*Task directions*:
Below are some records. Retype exactly the lines from the one containing "N284 BUEWK. Black" through the one containing "SPECIFICATIONS/DIMENSIONS", both included, skipping every picture.

*Supplied data*:
----
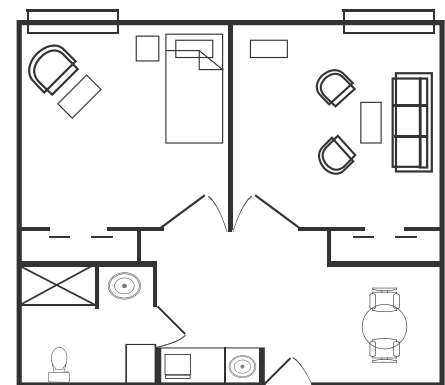

ONE BEDROOM

Bedroom | Living Room | Kitchenette | Bath

All-inclusive rate starts at $3,800* / month

456 square feet
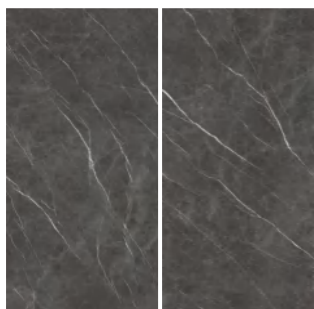

阿普安雕刻白(拼花) APUAN SCULPTURE WHITE
DB6M99BX1-X2-X3-X4 细哑面 1600x3200x6mm

托木尔金冰玉 PEAK POBEDY ICE JADE
DC6M251BP1-P2-P3 亮光面 1200x2700x6mm

细线白 WHITE THIN LINES
DC6M243BR1-R2-R3-R4 天鹅绒面 1200x2700x6mm

加尔达鱼肚金 GARDA CALAEATTA GOLD
DC6M79BR1-R2-R3-N 天鹅绒面 1200x2700x6mm
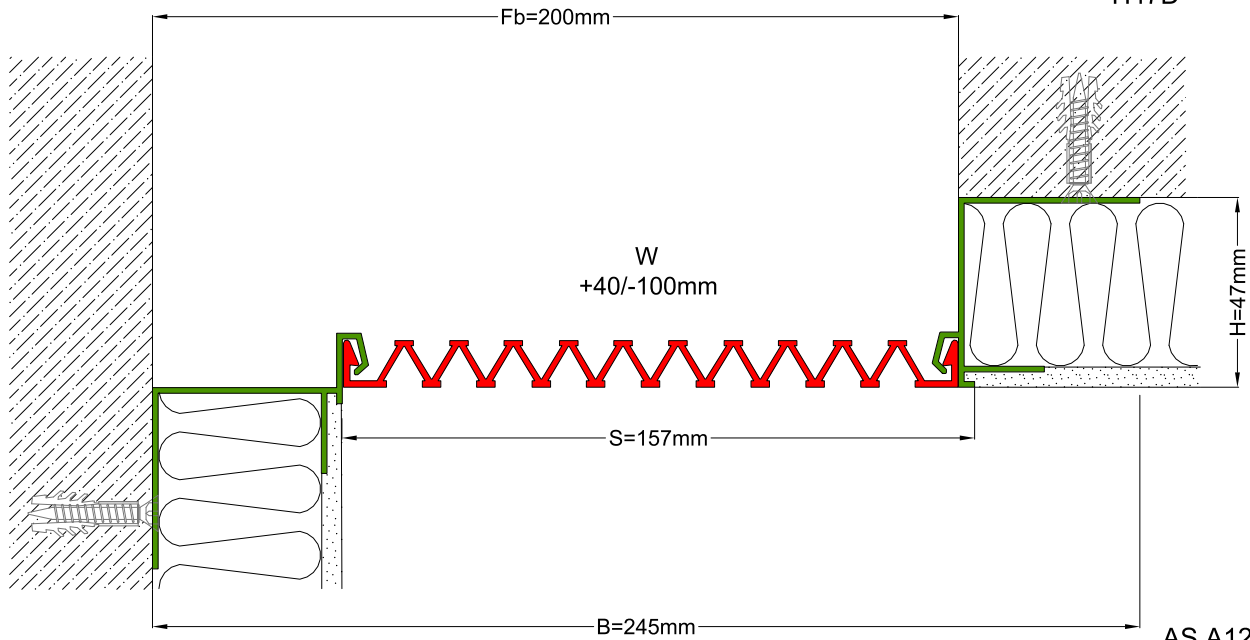

AS A124 flush mounted profile is specially designed for places with insulating board applications and can easily be installed by means of screws to all types of walls. Its ribbed elastomeric gasket gains the profile a remarkable movement ability and slide-in gasket system lets the profile to be used at facades. Profiles up to 150 mm gap are applied with single gasket while the wider ones are with double gaskets joined with a connector profile.

* Visuals are representative and the profile configuration may differ depending on the characteristics requested.

LOCATION	MODEL	GAP (Fb) mm	HEIGHT (H) MM	OVERALL WIDTH (B) mm	VISIBLE WIDTH (S) mm	MOVEMENT (W) mm	LOAD CAPACITY	STANDARD LENGTH (mt)
Wall to Wall	AS A124-030	30	47 / 57	120	38	+10 / - 6	N/A	3
	AS A124-050	50	47 / 57	140	58	+20 / -15	N/A	3
	AS A124-080	80	47 / 57	170	88	+40 / -30	N/A	3
	AS A124-100	100	47 / 57	190	108	+20 / -50	N/A	3
	AS A124-150	150	47 / 57	240	158	+30 / -80	N/A	3
	AS A124-200	200	47 / 57	290	208	+40 / -100	N/A	3
	AS A124-200M	200	47 / 57	290	208	+40 / -100	N/A	3

Note: Please ask for different sizes

 AS A124 200M
 H47D

 AS A124 200
 H47KD

Profil No Profile Number	AS A124 200M	AS A124 200K
Açıklık (Fb) mm Gap (Fb) mm	100	100
Yükseklik (H) mm yaklaşık Coating thickness (H) mm approx	47	47
Hareket Kapasitesi (W) mm yaklaşık Movement capacity (W) mm approx	+40/-100	+40/-100
Renk Color	Alüminyum: Natürel, Fitiller: Siyah, gri, diğer Aluminium: Natural, Inserts: Black, grey, others	
Malzeme Material	Alüminyum, EPDM Kauçuk (siyah), Termoplastik Kauçuk (gri ve diğer) Aluminum, EPDM Rubber (black), Thermoplastic Rubber (grey and others)	
Standart Uzunluk (m) Standard Length (m)	3	
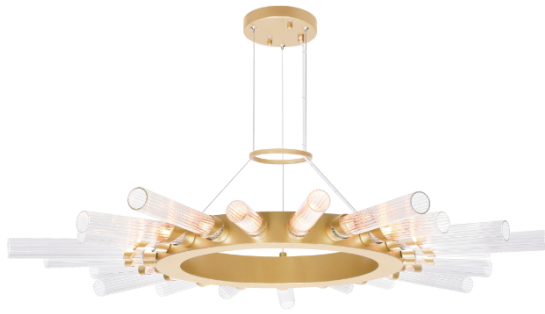

PROJECT: _____
 FIXTURE TYPE: _____
 LOCATION: _____
 CONTACT/PHONE: _____

Item	1121P38-21-602	Shade Color	-----	Lumens	-----
Collection	COLLAR	Min Assembled Height	15"	Light Source	G9
Category	Chandelier	Max Assembled Height	123"	Bulb Info.	21x5W
Finish	Satin Gold	Width	38"	Included	-----
Glass	Clear	Length	-----	Dimmable	Yes
Crystal	-----	Extension Wall Mounts	-----	Colour Temp	-----
Acrylic	-----	Input	120V AC,60HZ,AC	Weight	17.6 Lbs
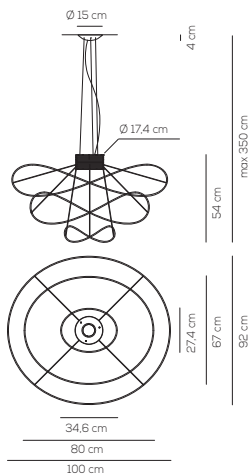

SP HOOPS 3

kg 5,8 m³ 0,43

HOOPS / con illuminazione verso alto e basso / with upward and downward lighting

Type	Article	Colours / Finish	Source	EURO
SP	HOOPS 3	BC white/ BC white	LED 32W - diffused beam 3000K other CCT options available upon request	1.536,00
		NE black / NE black		1.536,00
		OR gold / OR gold		1.798,00
		CR chrome / CR chrome		1.706,00

CE IP20 CRI90 220-240VAC LED ~2860 lm 89 lm/W
example composition code SP HOOPS3 OR OR LED
Casambi compatibile / Casambi compatible.
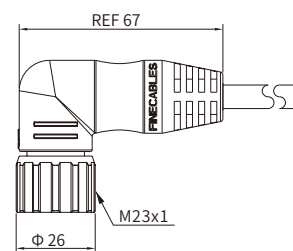

M23 Right Angle Connector, Molded Cable, Male, Shielded, Coupling screw/nut

Coupling screw

Coupling nut

Specifications

Contacts	6A	7A	9A	9B	9C	12A	12B	16A	17A	17B	19A
Pin layout(Male)											
Connector overmold	TPU										
Connector insert	PA										
Connector contacts	Brass with gold plated										
Coupling nut/screw	Brass with nickel plated										
Seal/O-ring	FKM or NBR										
Mating Endurance	>800										
Insulation resistance	≥100MΩ										
Contact resistance	≤5mΩ										
Ambient temperature	-25°C ~ +85°C (flexible installation) , -40°C ~ +85°C (fixed installation)										
Shielding	Available										
IP rating	IP67, IP68 in locked condition										
Cable OD range	2.0~13mm										
Number of positions	6,7		9(8+1)/(6+3)				12	16	17		19(16+3)
Contacts	6,7		8 / 6		1 / 3		12	16	17		16 3
Contact OD(mm)	2.0(14AWG)		1.0(18AWG)		2.0(14AWG)		1.0(18AWG)		1.0(18AWG)		1.0(18AWG) 1.5(16AWG)
Rated current @ 20°C(A)	20		8		20		8		8		8 10
Rated Voltage(V)	300		300		300		300		160		160 160
Impulse voltage(V)	2500		2500		2500		1500		1500		1500 1500
Overvoltage category	II										
Pollution Degree	III										
Default wire colors	Refer to page 474										
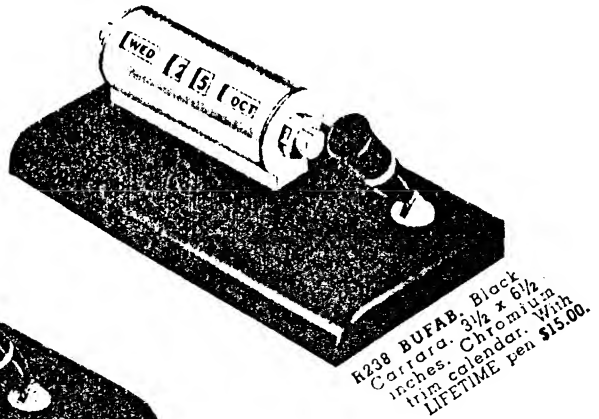

N284 BUEWK. Black Brakette. 4x7 1/2 inches. Pencil groove. Gold trim. With two No. 3 pens $12.50.

H238 BUFAB. Black Carrara. 3 1/2 x 6 1/2 inches. Chromium trim calendar. With LIFETIME pen $15.00.
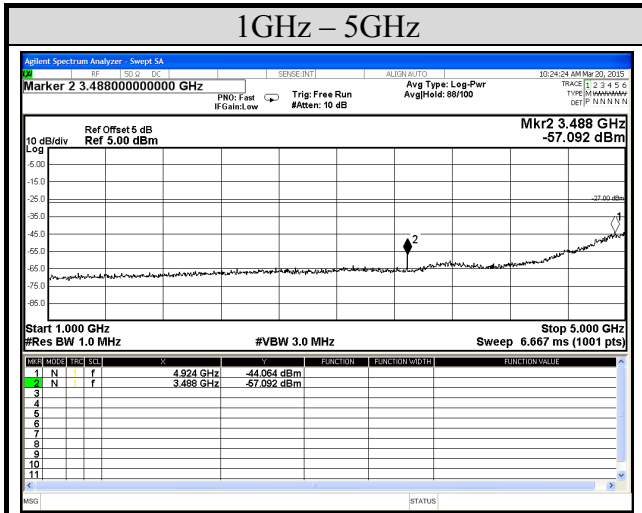

Test Date	2015/03/20	Temp./Hum.	26°C/60%
Mode	802.11ac-VHT40	UNII Band	I
		Frequency	TX 5190MHz
Cable Loss	1.5dB	Test Voltage	AC 120V, 60Hz

Test Date	2015/03/20	Temp./Hum.	26°C/60%
Mode	802.11ac-VHT40	UNII Band	I
		Frequency	TX 5230MHz
Cable Loss	1.5dB	Test Voltage	AC 120V, 60Hz
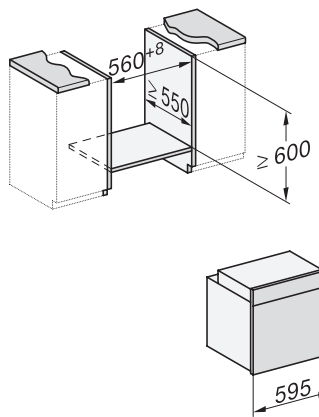

H 7464 BP

Cuptor

design unitar cu termometru pentru alimente și sistem de iluminat LED.

installation H7000 XL, installation drawing

side view H7000 XL, installation drawings

built-in H7000 XL, installation drawing

Installation H7000 XL underframe, installation drawings

H2x6x-1B/BP/E/EP/I/IP, H2850BP, H7x6xB/BP/BPX, H2x6xB, installation drawings

H7000 handle, glass, installation drawings

Installation H7000 BM XL, installation drawings
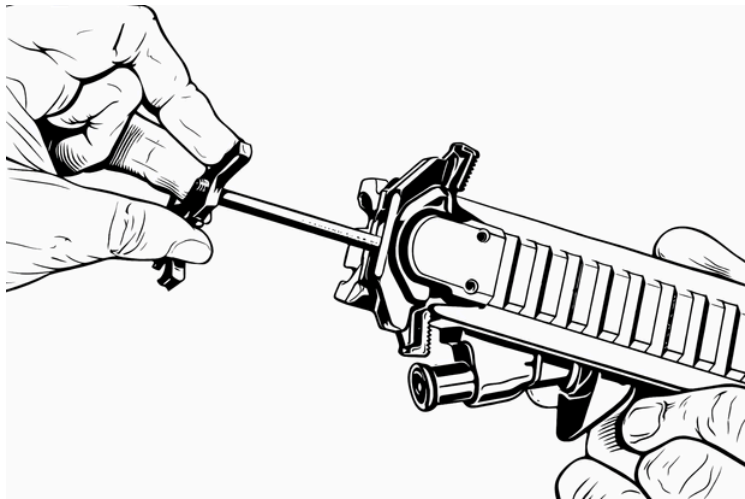

C

G

D

I

E

ONE OFF, LLC
1479 RAIL HEAD BLVD
NAPLES, FL 34110
INFO@ONEOFFLLC.COM
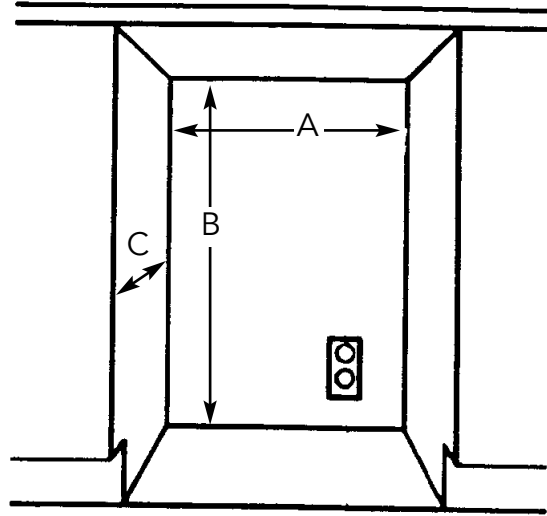

UNDERCOUNTER CABINET CUTOUT

A	24" (61.0 cm)*
B	Min. 34 1/8" (86.7 cm) Max. 35 1/8" (89.2 cm)
C	24" (61.0 cm)

*24" width for cabinet only. 24 1/4" (61.6 cm) need for cabinet and door width clearance if door is recessed between cabinets.

SPECIFICATIONS/DIMENSIONS

Basic Electric Data

- 115 VAC/60 Hz
- Maximum amps - 3.3
- Approximate Shipping Weight - 140 lbs. (63.2 kg)
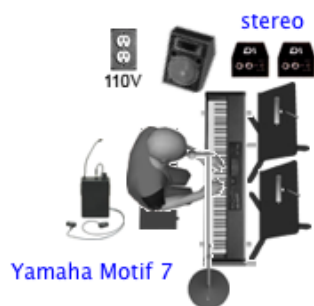

THE SONG REMAINS THE SAME – THE MUSIC OF LED ZEPPELIN
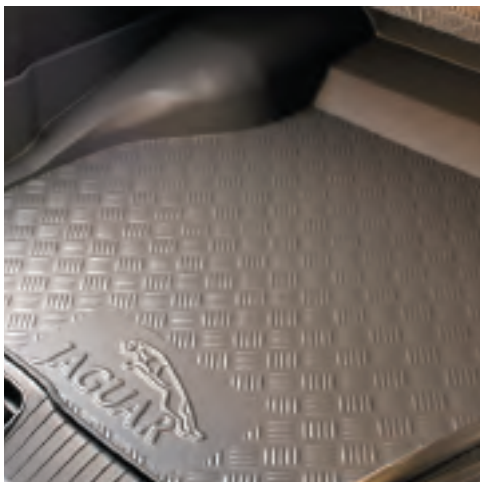

TRUNK FLOOR LINER

This single-piece plastic liner features a slip-resistant texture. (Note: The liner must be removed to access the CD changer, if so equipped.)

XR8 28882
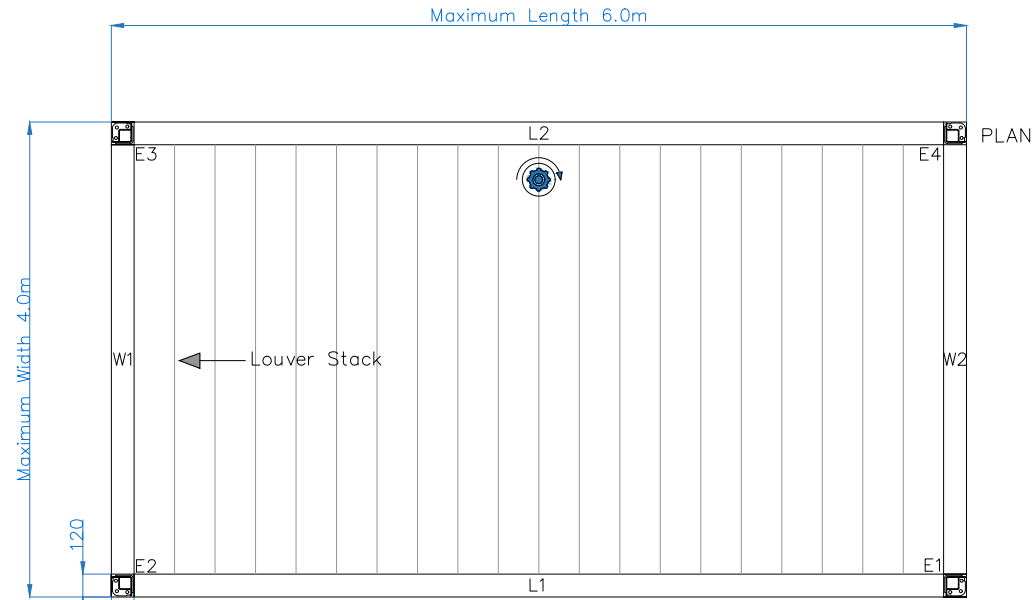

Roof Motor Position &
Roof Rotation Opening Direction

Corner Post

Roof Louvers Retracted

ELEVATION

All dimensions are shown in millimetres unless otherwise stated

**CARIBBEAN
BLINDS** UK LTD

Tel: 0344 800 1947

Drawing Name: Prestige Pod Single Module
Plan & Elevation

Drawing Number: CB/OLP/PRE/SML-PE

Rev: A

Date: 13/12/2024

Scale: NTS

Drawn By: CB
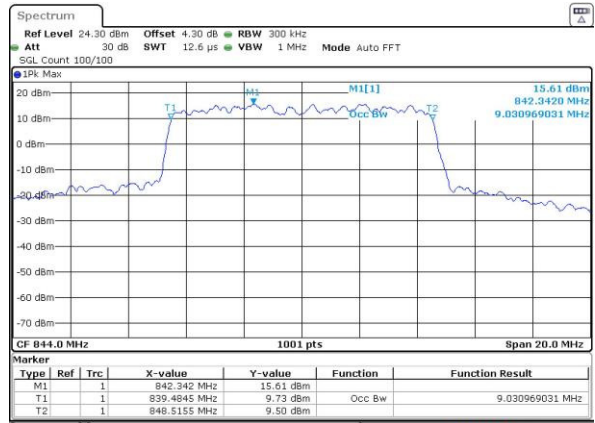

Date: 23 AUG 2016 22:56:11

Middle Channel / 5MHz / 16QAM

Date: 23 AUG 2016 22:56:22

Highest Channel / 5MHz / QPSK

Date: 23 AUG 2016 22:56:43

Highest Channel / 5MHz / 16QAM

Date: 23 AUG 2016 22:56:53

LTE Band 5

Lowest Channel / 10MHz / QPSK

Date: 23 AUG 2016 23:13:47

Lowest Channel / 10MHz / 16QAM

Date: 23 AUG 2016 23:13:57

Middle Channel / 10MHz / QPSK

Date: 23 AUG 2016 23:28:50

Middle Channel / 10MHz / 16QAM

Date: 23 AUG 2016 23:29:01

Highest Channel / 10MHz / QPSK

Date: 23 AUG 2016 23:31:22

Highest Channel / 10MHz / 16QAM

Date: 23 AUG 2016 23:31:32

LTE Band 7

Lowest Channel / 5MHz / QPSK

Date: 24 AUG 2016 00:07:13

Lowest Channel / 5MHz / 16QAM
----
*Result of the task*:
N284 BUEWK. Black Brakette. 4x7 1/2 inches. Pencil groove. Gold trim. With two No. 3 pens $12.50.

H238 BUFAB. Black Carrara. 3 1/2 x 6 1/2 inches. Chromium trim calendar. With LIFETIME pen $15.00.

Test Date	2015/03/20	Temp./Hum.	26°C/60%
Mode	802.11ac-VHT40	UNII Band	I
		Frequency	TX 5190MHz
Cable Loss	1.5dB	Test Voltage	AC 120V, 60Hz

Test Date	2015/03/20	Temp./Hum.	26°C/60%
Mode	802.11ac-VHT40	UNII Band	I
		Frequency	TX 5230MHz
Cable Loss	1.5dB	Test Voltage	AC 120V, 60Hz

H 7464 BP

Cuptor

design unitar cu termometru pentru alimente și sistem de iluminat LED.

installation H7000 XL, installation drawing

side view H7000 XL, installation drawings

built-in H7000 XL, installation drawing

Installation H7000 XL underframe, installation drawings

H2x6x-1B/BP/E/EP/I/IP, H2850BP, H7x6xB/BP/BPX, H2x6xB, installation drawings

H7000 handle, glass, installation drawings

Installation H7000 BM XL, installation drawings

C

G

D

I

E

ONE OFF, LLC
1479 RAIL HEAD BLVD
NAPLES, FL 34110
INFO@ONEOFFLLC.COM

UNDERCOUNTER CABINET CUTOUT

A	24" (61.0 cm)*
B	Min. 34 1/8" (86.7 cm) Max. 35 1/8" (89.2 cm)
C	24" (61.0 cm)

*24" width for cabinet only. 24 1/4" (61.6 cm) need for cabinet and door width clearance if door is recessed between cabinets.

SPECIFICATIONS/DIMENSIONS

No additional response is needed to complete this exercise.